- _Work order_
Extract all lines in the data that contain the word "MARK".

- _Data records_
• • •

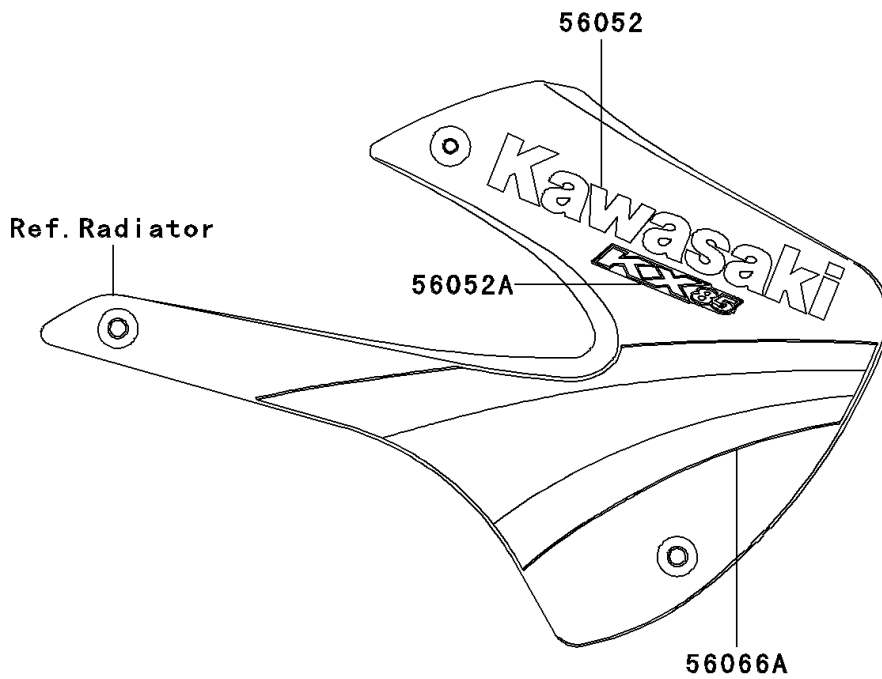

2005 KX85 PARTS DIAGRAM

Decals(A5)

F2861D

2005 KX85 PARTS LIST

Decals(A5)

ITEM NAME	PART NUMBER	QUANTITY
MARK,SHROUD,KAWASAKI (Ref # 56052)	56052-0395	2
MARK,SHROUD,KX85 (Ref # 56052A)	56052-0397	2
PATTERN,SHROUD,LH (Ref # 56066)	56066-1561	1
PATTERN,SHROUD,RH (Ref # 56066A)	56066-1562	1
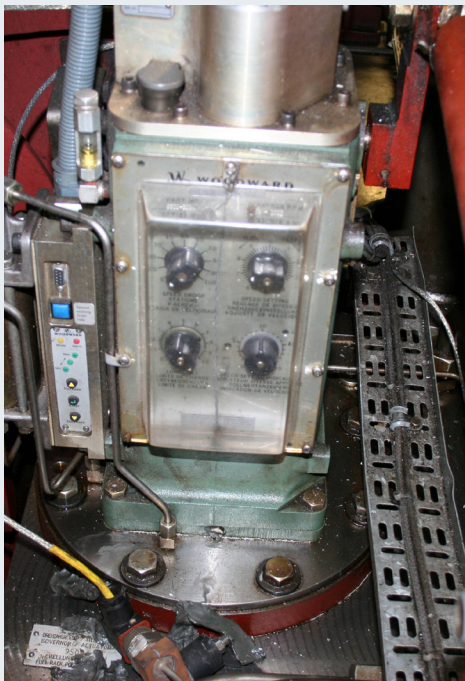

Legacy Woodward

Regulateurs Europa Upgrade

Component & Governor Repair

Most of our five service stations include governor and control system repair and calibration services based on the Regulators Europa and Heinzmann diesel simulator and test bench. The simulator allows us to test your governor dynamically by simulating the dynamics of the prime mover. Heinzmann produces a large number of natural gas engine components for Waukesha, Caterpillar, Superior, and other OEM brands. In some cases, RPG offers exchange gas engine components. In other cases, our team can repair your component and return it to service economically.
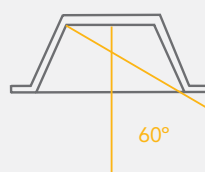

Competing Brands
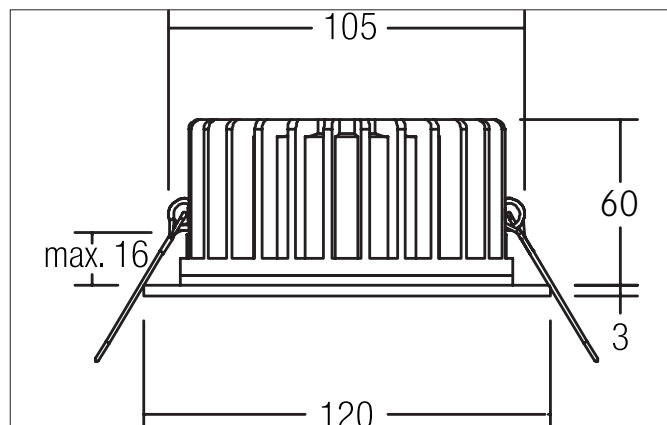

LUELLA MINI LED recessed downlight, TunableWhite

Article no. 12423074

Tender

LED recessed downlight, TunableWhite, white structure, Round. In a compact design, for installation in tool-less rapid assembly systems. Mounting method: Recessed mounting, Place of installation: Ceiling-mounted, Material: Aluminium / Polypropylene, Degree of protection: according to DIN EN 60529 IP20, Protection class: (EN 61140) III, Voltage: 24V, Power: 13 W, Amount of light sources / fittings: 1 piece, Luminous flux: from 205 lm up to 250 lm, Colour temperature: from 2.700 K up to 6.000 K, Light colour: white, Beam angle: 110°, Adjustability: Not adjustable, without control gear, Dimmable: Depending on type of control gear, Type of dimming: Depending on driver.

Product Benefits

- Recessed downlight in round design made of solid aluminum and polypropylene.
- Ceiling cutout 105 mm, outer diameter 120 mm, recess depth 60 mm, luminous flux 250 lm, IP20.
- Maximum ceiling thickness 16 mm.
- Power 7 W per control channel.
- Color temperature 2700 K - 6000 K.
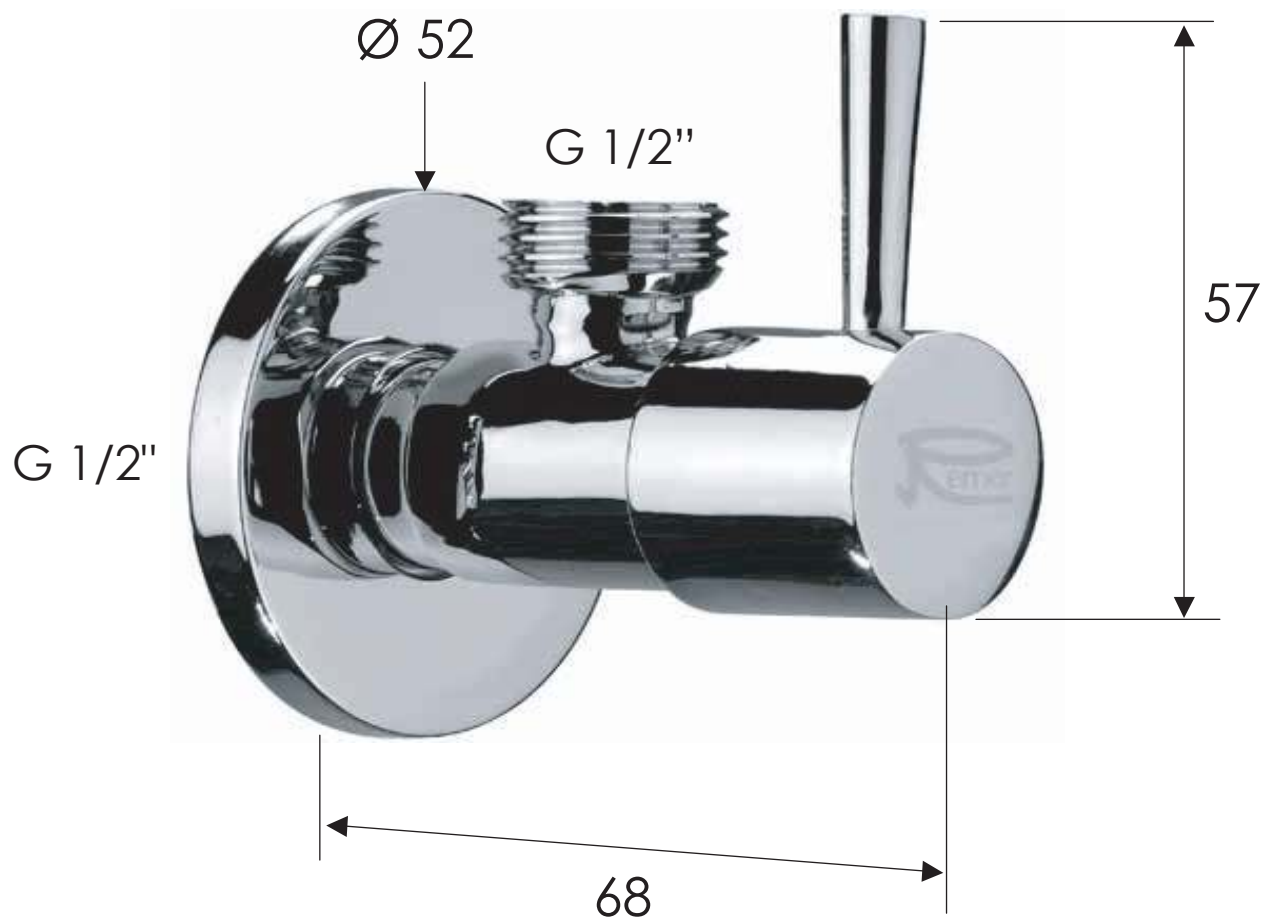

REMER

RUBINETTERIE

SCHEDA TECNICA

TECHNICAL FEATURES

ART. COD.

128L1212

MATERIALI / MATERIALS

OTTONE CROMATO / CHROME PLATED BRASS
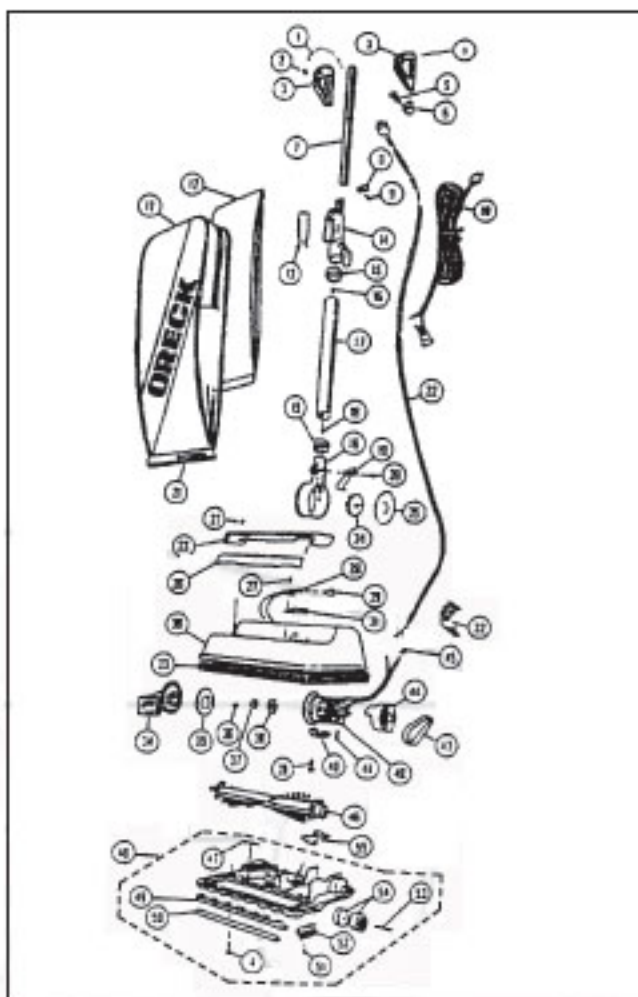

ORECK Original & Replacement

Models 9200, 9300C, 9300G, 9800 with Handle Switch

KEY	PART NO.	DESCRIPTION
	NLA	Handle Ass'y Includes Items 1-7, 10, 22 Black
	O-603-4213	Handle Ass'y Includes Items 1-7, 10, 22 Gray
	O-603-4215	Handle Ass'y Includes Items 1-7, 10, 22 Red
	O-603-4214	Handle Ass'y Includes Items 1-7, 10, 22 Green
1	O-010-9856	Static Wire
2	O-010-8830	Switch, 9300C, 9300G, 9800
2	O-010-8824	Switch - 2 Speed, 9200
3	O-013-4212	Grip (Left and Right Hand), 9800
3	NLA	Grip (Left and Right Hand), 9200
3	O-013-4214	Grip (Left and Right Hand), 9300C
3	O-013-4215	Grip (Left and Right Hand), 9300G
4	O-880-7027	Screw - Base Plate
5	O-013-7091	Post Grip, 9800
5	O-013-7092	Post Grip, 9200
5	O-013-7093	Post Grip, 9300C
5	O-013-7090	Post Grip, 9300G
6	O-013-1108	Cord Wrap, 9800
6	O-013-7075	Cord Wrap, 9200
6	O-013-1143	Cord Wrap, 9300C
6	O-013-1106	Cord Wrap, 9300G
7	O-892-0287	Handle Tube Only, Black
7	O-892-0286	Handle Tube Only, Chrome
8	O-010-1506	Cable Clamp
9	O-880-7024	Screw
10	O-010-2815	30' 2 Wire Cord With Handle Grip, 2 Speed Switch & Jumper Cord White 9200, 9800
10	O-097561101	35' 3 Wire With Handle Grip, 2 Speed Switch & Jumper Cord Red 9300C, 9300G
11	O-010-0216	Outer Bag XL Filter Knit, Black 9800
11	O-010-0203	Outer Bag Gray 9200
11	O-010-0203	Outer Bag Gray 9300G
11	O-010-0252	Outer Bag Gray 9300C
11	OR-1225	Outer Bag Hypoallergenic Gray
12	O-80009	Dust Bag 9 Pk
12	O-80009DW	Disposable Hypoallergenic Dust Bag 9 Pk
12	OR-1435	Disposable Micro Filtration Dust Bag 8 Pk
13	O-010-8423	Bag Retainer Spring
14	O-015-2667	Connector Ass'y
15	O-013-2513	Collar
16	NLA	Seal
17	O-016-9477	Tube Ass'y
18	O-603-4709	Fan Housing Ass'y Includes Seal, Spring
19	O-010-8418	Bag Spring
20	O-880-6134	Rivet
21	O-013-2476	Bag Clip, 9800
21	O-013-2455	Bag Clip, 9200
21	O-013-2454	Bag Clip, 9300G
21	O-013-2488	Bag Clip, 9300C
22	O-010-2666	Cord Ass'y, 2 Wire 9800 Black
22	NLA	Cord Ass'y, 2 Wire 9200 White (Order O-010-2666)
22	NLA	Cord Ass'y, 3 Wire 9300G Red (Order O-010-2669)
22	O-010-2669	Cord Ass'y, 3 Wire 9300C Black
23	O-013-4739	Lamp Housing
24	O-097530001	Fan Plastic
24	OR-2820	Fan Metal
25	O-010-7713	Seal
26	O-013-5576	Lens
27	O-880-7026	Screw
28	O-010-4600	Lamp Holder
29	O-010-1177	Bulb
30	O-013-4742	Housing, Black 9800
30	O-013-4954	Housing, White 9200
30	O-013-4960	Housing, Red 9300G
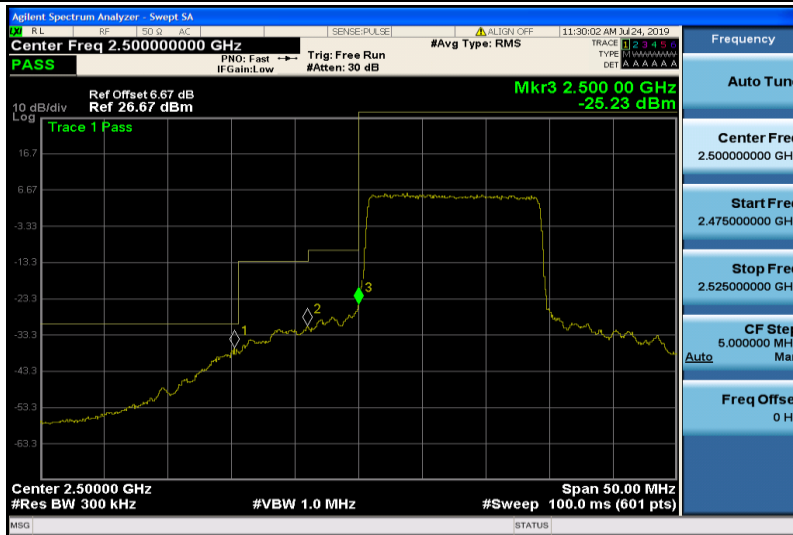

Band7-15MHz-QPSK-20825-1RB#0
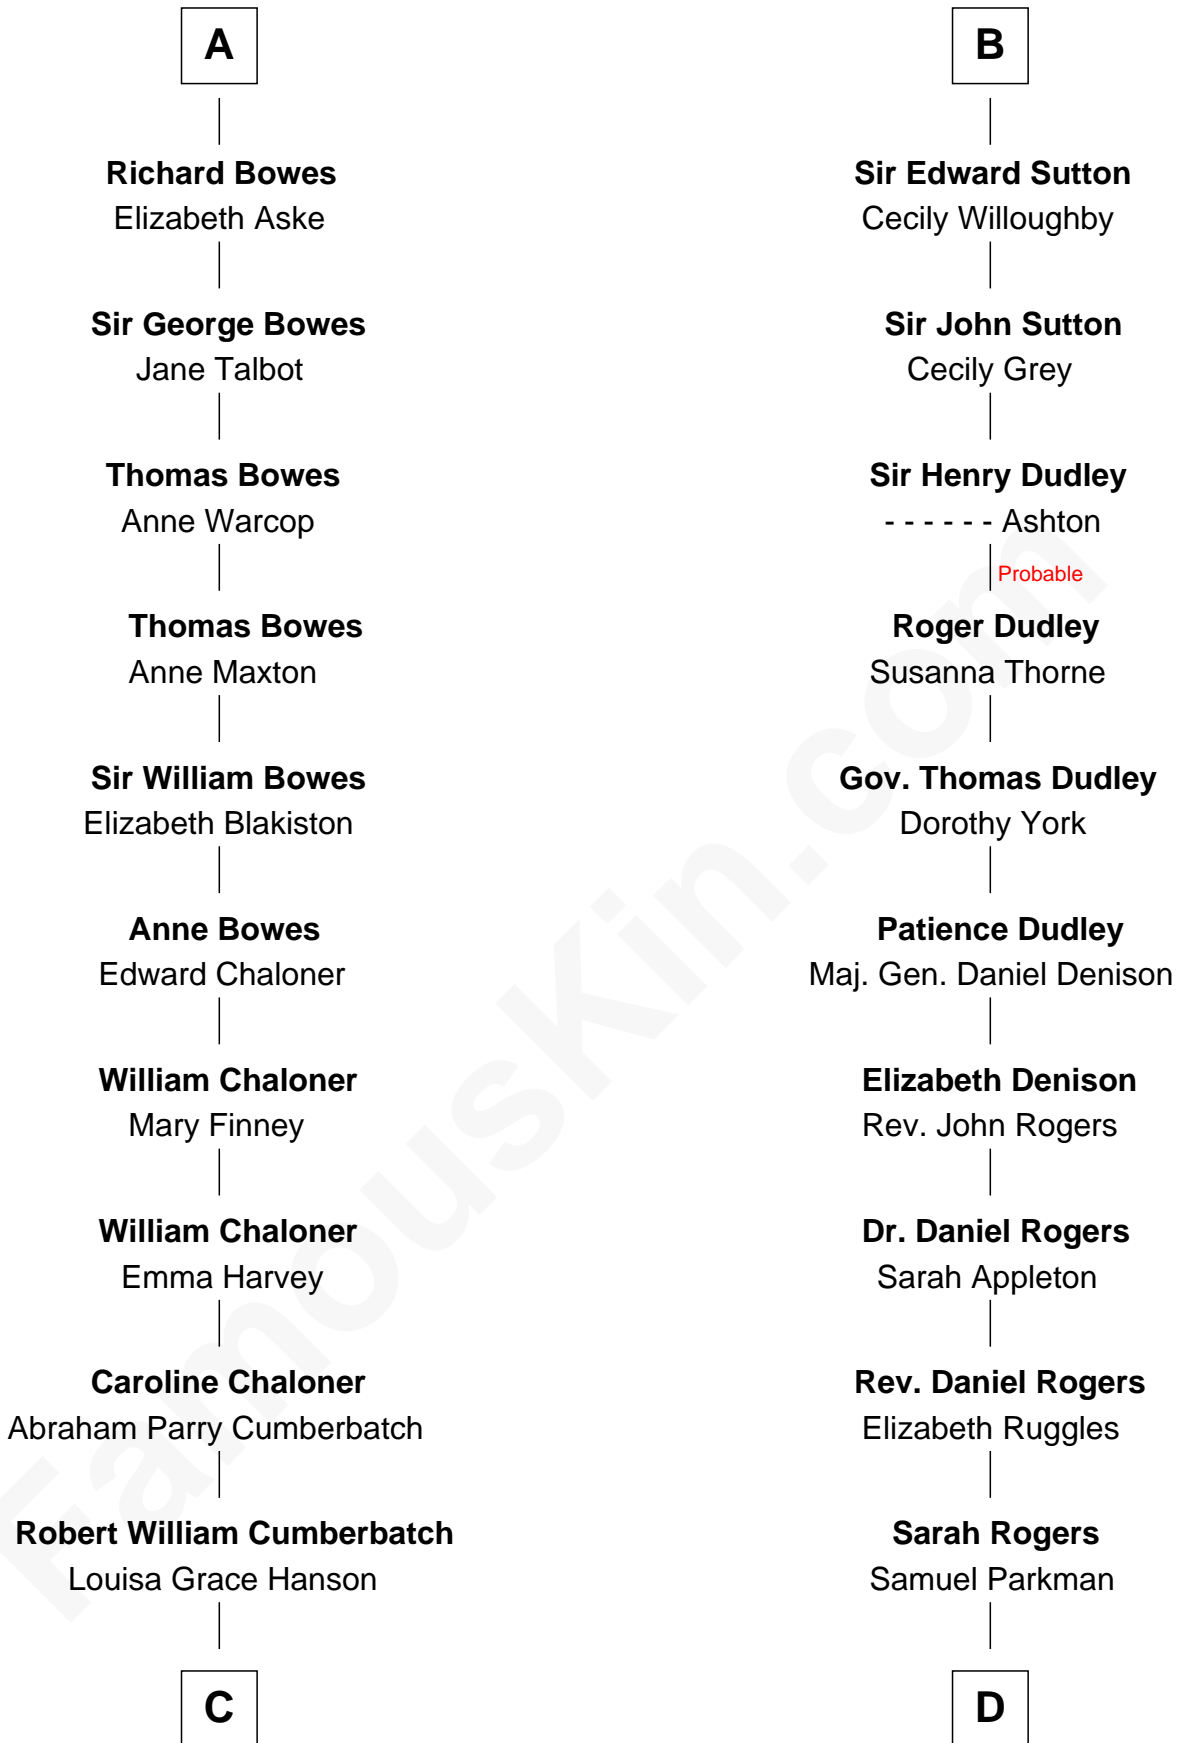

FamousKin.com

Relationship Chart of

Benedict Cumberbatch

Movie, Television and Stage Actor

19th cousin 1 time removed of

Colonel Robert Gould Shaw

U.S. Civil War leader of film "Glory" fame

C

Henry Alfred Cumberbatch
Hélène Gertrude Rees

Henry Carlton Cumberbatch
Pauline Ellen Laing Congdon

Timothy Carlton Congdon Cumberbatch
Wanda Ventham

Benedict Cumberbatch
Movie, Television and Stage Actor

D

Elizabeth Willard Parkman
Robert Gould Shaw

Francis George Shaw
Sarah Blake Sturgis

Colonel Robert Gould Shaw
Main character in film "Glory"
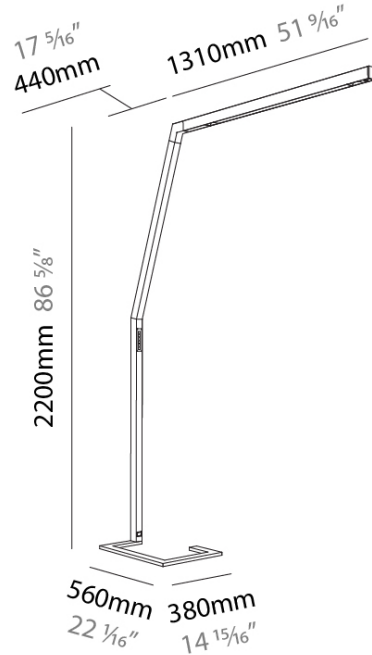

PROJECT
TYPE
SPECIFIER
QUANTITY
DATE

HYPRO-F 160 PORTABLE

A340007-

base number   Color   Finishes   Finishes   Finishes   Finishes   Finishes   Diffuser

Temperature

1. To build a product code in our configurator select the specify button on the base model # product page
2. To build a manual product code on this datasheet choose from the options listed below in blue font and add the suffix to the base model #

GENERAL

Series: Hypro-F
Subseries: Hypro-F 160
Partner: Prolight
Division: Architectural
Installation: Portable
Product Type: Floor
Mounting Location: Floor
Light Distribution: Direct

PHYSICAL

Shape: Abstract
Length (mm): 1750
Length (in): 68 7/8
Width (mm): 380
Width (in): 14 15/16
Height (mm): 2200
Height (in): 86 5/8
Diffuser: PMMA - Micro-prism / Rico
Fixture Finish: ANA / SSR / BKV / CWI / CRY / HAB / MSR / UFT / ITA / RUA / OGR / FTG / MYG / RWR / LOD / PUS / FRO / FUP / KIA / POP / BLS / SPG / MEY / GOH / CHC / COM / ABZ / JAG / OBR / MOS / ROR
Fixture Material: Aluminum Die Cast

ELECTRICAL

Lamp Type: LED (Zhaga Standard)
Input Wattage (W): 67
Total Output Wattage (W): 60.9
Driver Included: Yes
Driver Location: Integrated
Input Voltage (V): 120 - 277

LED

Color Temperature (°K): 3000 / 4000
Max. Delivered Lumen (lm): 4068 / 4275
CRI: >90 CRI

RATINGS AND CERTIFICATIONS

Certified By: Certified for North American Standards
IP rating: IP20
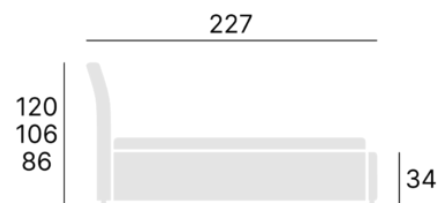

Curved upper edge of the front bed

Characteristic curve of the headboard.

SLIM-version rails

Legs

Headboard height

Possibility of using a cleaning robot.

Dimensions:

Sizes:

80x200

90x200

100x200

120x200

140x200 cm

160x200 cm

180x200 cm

• • •

- _Answer to the problem_
MARK,SHROUD,KAWASAKI (Ref # 56052)	56052-0395	2
MARK,SHROUD,KX85 (Ref # 56052A)	56052-0397	2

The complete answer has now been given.